* **WORK TASK**
Go through the records and restate them word for word, omitting images.
......
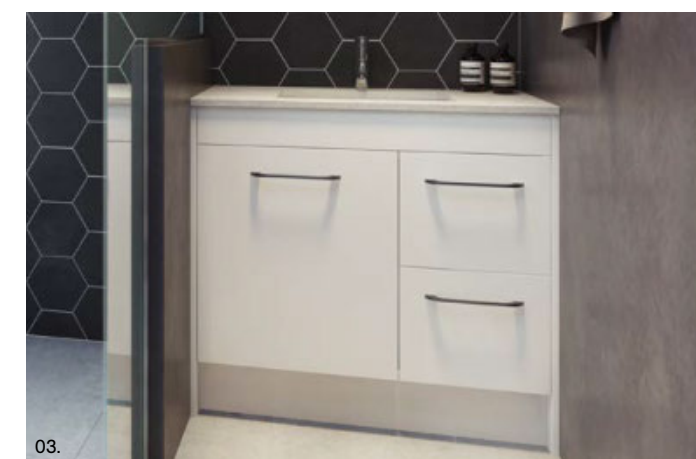

[01.] Wall to Wall Vanity 1051-1400mm | WTW-V-1400-C-SSA-W | $3,853 Aged Walnut Cabinet with Calcutta Snow SilkSurface Top and White Gloss Allure Flute Ceramic Basin | Shown with Under Cabinet Vanity Lighting | LED-L-UNDERCAB-V | ADD $413 **[02.] Wall to Wall Vanity 1401-1900mm** | WTW-V-1900-C-SSA-F | $5,021 Bottega Oak Cabinet with Arctic White SilkSurface Top and White Gloss Quill Ceramic Basin **[03.] Wall to Wall Vanity 750-950mm** | WTW-V-950-C-SSU-F | $2,959 White Satin Cabinet with Canvas Mist SilkSurface Top and White Gloss Rectangle Under Counter Ceramic Basin **[04.] Wall to Wall Vanity 1401-1900mm** | WTW-V-1900-C-SSA-W | $4,539 Emerald Green Satin Cabinet with Carrara SilkSurface Top and White Matt Lorenzo Inset Ceramic Basin | Shown with Basin Colour Upgrade | UPG-OPT-BASCOLOUR | ADD $152 | Shown with Full End Panel on Right instead of Filler Panel | PNL-OPT-V-FULL-R | ADD $114 **Please refer to pricelist pages for all available options.**
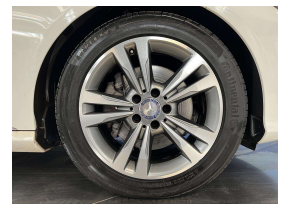

Wholesale Cars Direct

2016 Mercedes-Benz E 300 Avantgarde - Grade 4.5. \$27,990

Vehicle	Odometer	Engine	Seats	Stock ID
Details	31.910 km	3500 cc	-	16421

TRADE IN's

All trade ins can be facilitated here quickly and easily
......
* **RESULT FOR THIS EXERCISE**
[01.] Wall to Wall Vanity 1051-1400mm | WTW-V-1400-C-SSA-W | $3,853 Aged Walnut Cabinet with Calcutta Snow SilkSurface Top and White Gloss Allure Flute Ceramic Basin | Shown with Under Cabinet Vanity Lighting | LED-L-UNDERCAB-V | ADD $413 **[02.] Wall to Wall Vanity 1401-1900mm** | WTW-V-1900-C-SSA-F | $5,021 Bottega Oak Cabinet with Arctic White SilkSurface Top and White Gloss Quill Ceramic Basin **[03.] Wall to Wall Vanity 750-950mm** | WTW-V-950-C-SSU-F | $2,959 White Satin Cabinet with Canvas Mist SilkSurface Top and White Gloss Rectangle Under Counter Ceramic Basin **[04.] Wall to Wall Vanity 1401-1900mm** | WTW-V-1900-C-SSA-W | $4,539 Emerald Green Satin Cabinet with Carrara SilkSurface Top and White Matt Lorenzo Inset Ceramic Basin | Shown with Basin Colour Upgrade | UPG-OPT-BASCOLOUR | ADD $152 | Shown with Full End Panel on Right instead of Filler Panel | PNL-OPT-V-FULL-R | ADD $114 **Please refer to pricelist pages for all available options.**

Wholesale Cars Direct

2016 Mercedes-Benz E 300 Avantgarde - Grade 4.5. \$27,990

Vehicle	Odometer	Engine	Seats	Stock ID
Details	31.910 km	3500 cc	-	16421

TRADE IN's

All trade ins can be facilitated here quickly and easily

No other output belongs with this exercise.